»»

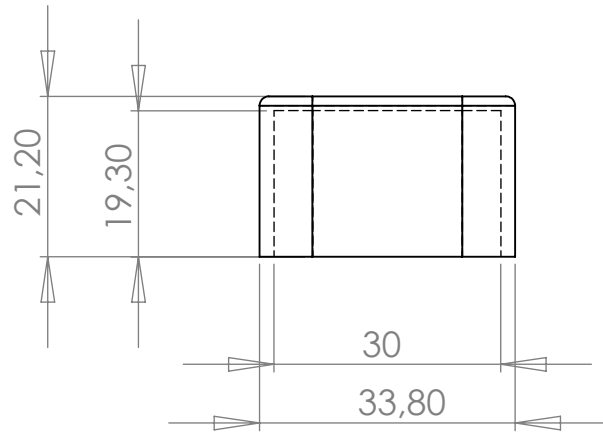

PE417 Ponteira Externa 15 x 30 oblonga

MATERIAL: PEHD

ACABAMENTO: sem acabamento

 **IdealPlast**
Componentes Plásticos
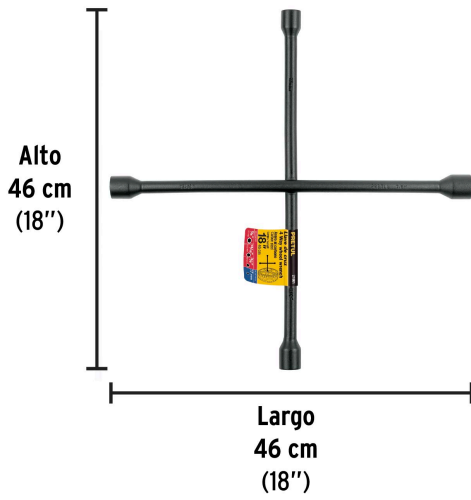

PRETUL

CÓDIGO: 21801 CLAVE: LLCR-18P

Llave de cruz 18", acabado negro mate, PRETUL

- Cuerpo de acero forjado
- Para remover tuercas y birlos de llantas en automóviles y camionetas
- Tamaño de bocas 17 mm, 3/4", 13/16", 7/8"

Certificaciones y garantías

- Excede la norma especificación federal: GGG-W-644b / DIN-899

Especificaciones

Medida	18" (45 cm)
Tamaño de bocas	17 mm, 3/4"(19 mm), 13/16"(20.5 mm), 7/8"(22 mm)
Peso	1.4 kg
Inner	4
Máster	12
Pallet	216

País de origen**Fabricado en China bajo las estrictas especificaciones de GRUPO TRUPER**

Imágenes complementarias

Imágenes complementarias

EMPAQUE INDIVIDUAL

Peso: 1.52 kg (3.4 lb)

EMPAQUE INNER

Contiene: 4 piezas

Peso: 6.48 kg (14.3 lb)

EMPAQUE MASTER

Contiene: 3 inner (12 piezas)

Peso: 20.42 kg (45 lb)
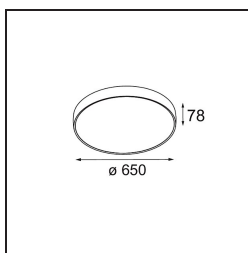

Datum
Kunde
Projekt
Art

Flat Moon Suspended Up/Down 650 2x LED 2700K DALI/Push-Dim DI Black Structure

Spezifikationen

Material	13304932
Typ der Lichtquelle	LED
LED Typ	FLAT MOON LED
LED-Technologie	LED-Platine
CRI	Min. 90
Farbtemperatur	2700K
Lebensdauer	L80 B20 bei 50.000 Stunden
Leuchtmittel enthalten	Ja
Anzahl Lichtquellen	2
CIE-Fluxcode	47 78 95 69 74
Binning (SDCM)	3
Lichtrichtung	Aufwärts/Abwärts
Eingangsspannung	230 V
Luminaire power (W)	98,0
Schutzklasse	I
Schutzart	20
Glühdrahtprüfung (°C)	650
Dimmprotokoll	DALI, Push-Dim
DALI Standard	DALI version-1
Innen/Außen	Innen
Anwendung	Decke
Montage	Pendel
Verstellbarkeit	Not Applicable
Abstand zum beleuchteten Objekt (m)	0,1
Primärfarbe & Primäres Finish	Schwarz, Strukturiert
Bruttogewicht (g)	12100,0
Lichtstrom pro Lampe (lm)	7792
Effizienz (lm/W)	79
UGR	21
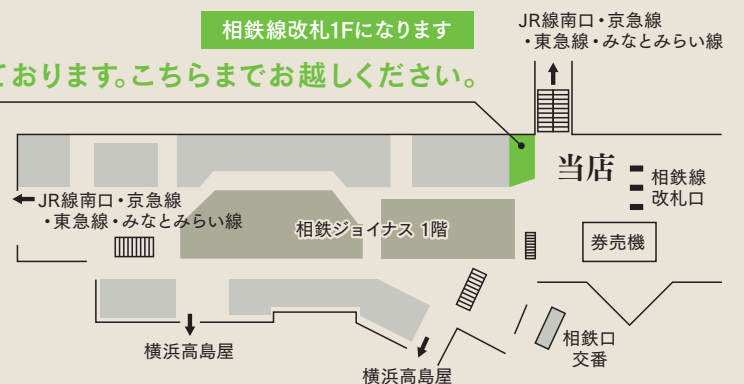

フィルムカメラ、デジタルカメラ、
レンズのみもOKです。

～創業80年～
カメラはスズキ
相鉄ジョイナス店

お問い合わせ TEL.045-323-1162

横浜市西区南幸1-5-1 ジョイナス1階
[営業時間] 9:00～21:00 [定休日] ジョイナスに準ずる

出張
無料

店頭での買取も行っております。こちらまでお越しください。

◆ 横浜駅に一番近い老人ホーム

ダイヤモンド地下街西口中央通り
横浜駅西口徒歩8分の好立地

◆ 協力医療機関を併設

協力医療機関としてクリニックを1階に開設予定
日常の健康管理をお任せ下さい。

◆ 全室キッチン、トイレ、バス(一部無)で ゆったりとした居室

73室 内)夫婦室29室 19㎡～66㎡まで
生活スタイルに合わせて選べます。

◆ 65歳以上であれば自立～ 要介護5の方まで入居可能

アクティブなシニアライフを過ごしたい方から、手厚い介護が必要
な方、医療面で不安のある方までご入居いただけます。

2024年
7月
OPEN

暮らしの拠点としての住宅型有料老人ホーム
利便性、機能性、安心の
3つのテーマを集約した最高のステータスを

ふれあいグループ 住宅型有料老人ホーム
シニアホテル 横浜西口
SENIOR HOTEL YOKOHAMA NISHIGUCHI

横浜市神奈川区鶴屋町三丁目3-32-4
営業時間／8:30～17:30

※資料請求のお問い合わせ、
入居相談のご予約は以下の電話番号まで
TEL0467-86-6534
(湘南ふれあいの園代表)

««
»»

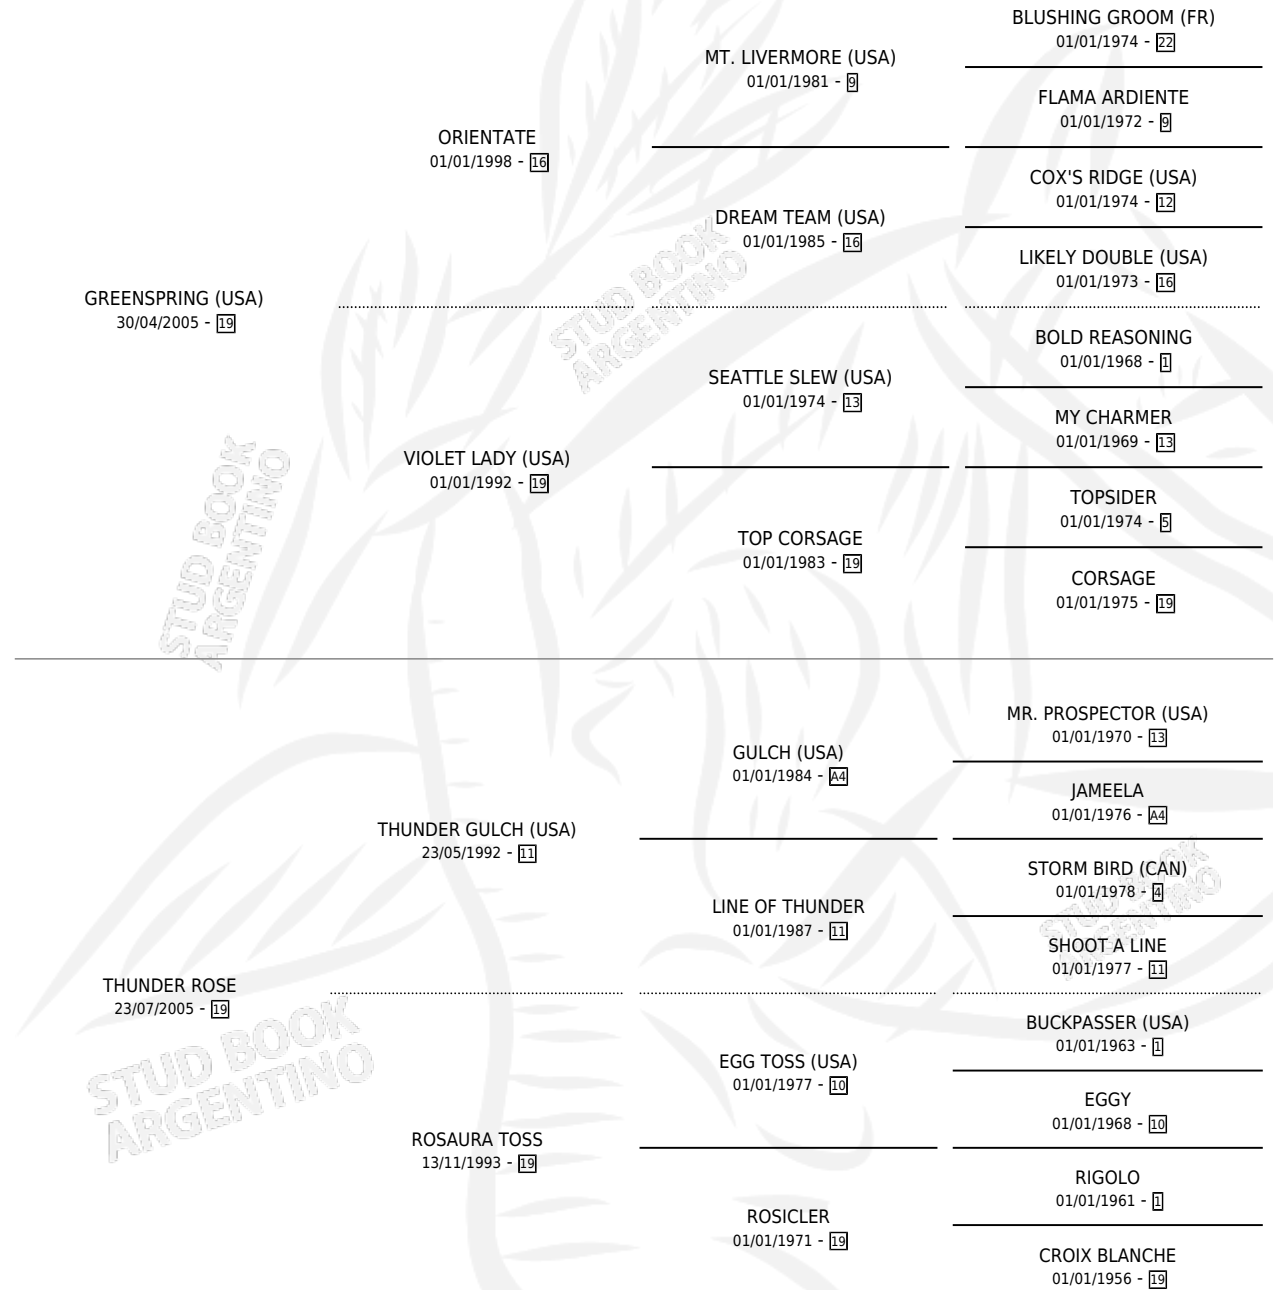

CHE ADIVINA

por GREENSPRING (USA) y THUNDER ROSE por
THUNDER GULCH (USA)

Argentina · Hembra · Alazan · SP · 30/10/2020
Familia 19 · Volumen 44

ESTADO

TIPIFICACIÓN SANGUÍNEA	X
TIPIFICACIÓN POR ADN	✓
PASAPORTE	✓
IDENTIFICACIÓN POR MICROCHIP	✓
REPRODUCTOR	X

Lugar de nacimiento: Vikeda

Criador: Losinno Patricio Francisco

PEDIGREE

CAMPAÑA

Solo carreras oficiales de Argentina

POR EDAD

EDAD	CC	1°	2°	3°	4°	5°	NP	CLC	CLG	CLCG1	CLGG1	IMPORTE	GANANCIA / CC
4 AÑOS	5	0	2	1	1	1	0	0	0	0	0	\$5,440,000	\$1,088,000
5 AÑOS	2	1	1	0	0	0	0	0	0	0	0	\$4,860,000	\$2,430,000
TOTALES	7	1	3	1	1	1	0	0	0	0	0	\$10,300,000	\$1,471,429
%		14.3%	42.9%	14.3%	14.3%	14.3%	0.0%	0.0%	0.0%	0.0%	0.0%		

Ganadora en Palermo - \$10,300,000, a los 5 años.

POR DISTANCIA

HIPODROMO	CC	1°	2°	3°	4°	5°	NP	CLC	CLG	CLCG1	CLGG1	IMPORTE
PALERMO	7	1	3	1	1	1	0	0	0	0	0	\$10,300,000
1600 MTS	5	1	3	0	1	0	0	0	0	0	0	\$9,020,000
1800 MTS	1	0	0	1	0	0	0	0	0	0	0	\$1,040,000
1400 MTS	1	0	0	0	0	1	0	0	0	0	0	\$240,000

««

> What is being asked:
Go through the entries above and copy each line holding the string "bocas".

> Reply to the exercise:
- Tamaño de bocas 17 mm, 3/4", 13/16", 7/8"
Tamaño de bocas	17 mm, 3/4"(19 mm), 13/16"(20.5 mm), 7/8"(22 mm)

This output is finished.